Further discussion is found here..
Solver sequencing
Again from the 2007 paper:
...the solution process employed within ESP-r links the various technical domain solution methods (direct or iterative) together through a flexible process of iterative ‘handshaking’ at key linkage points. This handshaking involves solving the subsystem equation sets separately, based on previous time step values of the coupled variables and then iterating to a solution.
[with reference to the figure below]
At each building-side time step and for a given climate boundary condition, the air/liquid flow networks corresponding to the building and plant are established, control considerations imposed and the equations solved. Solution of these networks gives the air and working fluid flow rates throughout the building and within the plant system respectively. The electrical power flow network representing building-side entities (e.g. lighting, small power, photovoltaic facades etc) and plant components (e.g. fans, pumps, CHP plant etc) is established, constrained by control action and the equations solved. The facility may be used to impose demand side actions on load consuming systems. (This network model and the preceding one for air/liquid flow may also be invoked at higher frequency from within the HVAC solution loop.)
The building-side, multi-zone matrix equation is then established using the latest estimates of the fluid/power flows and plant induced flux injections/extractions. Equation solution is achieved as described previously to obtain the building's temperatures and heat flows. Using the newly computed intra-construction temperatures, the construction moisture flow matrix equation is established and solved. This gives the moisture distribution within the building fabric. Using the building temperatures and air flow rates as boundary conditions, the CFD model is established and solved. This gives the intra-zone distribution of temperature, velocity, pressure and contaminants. The building temperatures and air/liquid flow rates are then used, along with relevant control loops, to establish and solve the plant heat and mass flow matrix equations. Solution of these equations gives the plant temperatures and flow rates.

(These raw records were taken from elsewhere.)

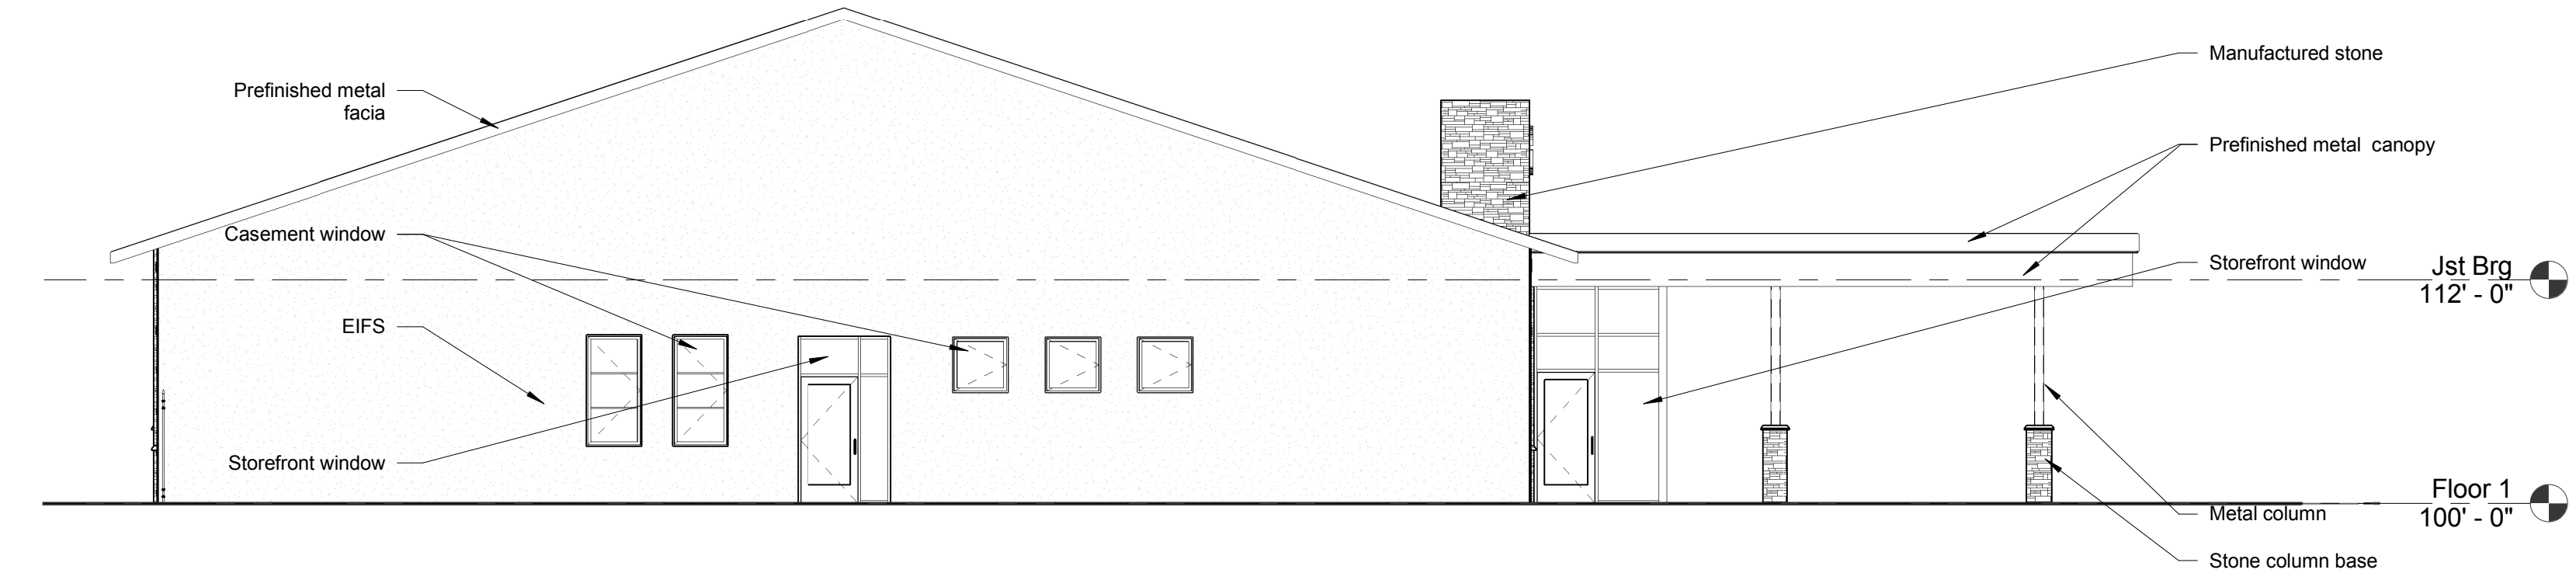

A1
SC17 Site Plan
1/16" = 1'-0"

CNH NO.: 17018
DATE: 04/25/17
REVISIONS:

Stonebrook Academy
7800 Sunwood Drive
Ramsey, MN
Site Plan

SC17

NOT FOR CONSTRUCTION

K4 Preliminary North Elevation (View from Sunwood Drive)
 SC22 1/8" = 1'-0"

G4 Preliminary South Elevation (View from Veterans Drive)
 SC22 1/8" = 1'-0"

D6 Preliminary East Elevation (View from Yolite Street)
 SC22 1/8" = 1'-0"

A6 Preliminary West Elevation
 SC22 1/8" = 1'-0"

CNH NO.: 17018
 DATE: 04/28/17
 REVISIONS: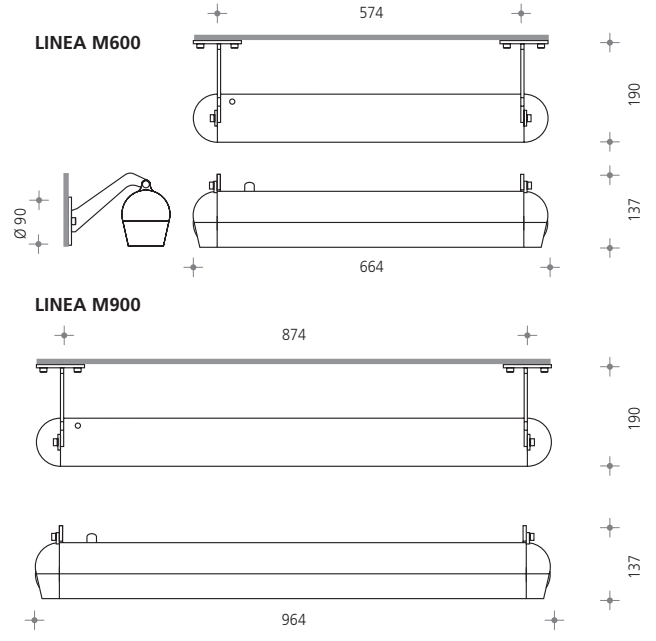

- INDUSTRIAL AREAS
- SQUARES AND PLAZAS
- FAÇADES
- COMPLEX OF BUILDINGS

**OLIVIO LINEA**  
wall fitting with short arms.

Housing of pressure die-cast aluminium, aluminium, stainless steel, toughened glass, painted, stainless steel screws, stainless steel threaded inserts for regularly used fixing positions, two cable glands along one fitting side for loop in-and-out, for T5 linear fluorescent lamps or LED – choice of white or RGB, H: 137mm, B: 90mm, protection category IP67, protection class I with option class II, with galvanised steel arms, painted,

standard colour: metallic silver [-8].

**OLIVIO LINEA** SX 801 ■ ■ - ■  
wall fitting with arm for T5  
**OLIVIO LINEA LED** SX 805 ■ ■ - ■  
wall fitting with arm for LED

LINEA M600*	LINEA M900*	LINEA LED M600
24W → 1 0 LVK → 7257	39W → 1 1 LVK → 7257	WHITE → 1 0 RGB → 2 0
24W → 2 0 LVK → 7258	39W → 2 1 LVK → 7258	WHITE → 3 0
24W → 3 0 LVK → 7259	39W → 3 1 LVK → 7259	

**OLIVIO LINEA**  
Bracket mounted parapet fitting.

Housing of pressure die-cast aluminium, aluminium, stainless steel, toughened glass, painted, stainless steel screws, stainless steel threaded inserts for regularly used fixing positions, two cable glands along one fitting side for loop in-and-out, for T5 linear fluorescent lamps or LED – choice of white or RGB, H: 142mm, B: 90mm, protection category IP67, protection class I with option class II, with galvanised steel brackets, painted,

standard colour: metallic silver [-8].

**OLIVIO LINEA** SX 802 ■ ■ - ■  
Surface mounted fitting für T16  
**OLIVIO LINEA LED** SX 806 ■ ■ - ■  
Surface mounted fitting für LED

LINEA M600*	LINEA M900*	LINEA LED M600
24W → 1 0 LVK → 7257	39W → 1 1 LVK → 7257	WHITE → 1 0 RGB → 2 0
24W → 2 0 LVK → 7258	39W → 2 1 LVK → 7258	WHITE → 3 0
24W → 3 0 LVK → 7259	39W → 3 1 LVK → 7259

Free floating zones supported
Rooms not currently subjected to environmental controls free float. The air temperature derives from the zone energy balance. Some control definitions which include a dead-band also result in free floating conditions if the current sensed condition is within the dead band.
Assessment frequency
The timesteps in each domain can be set by the user subject to a few constraints imposed by the data structure (for example some data-holding arrays in the results recovery module are sized to allow a one minute resolution). Currently the timestep ranges for each domain are:
Rewind control
Some control laws such as optimal start and optimal stop can invoke a rewind control. The assessment saves its state and jumps back to the start of the day to see if an alternative approach yields better results. This is a rarely used facility and occasionally the results recovery reporting may time-shift.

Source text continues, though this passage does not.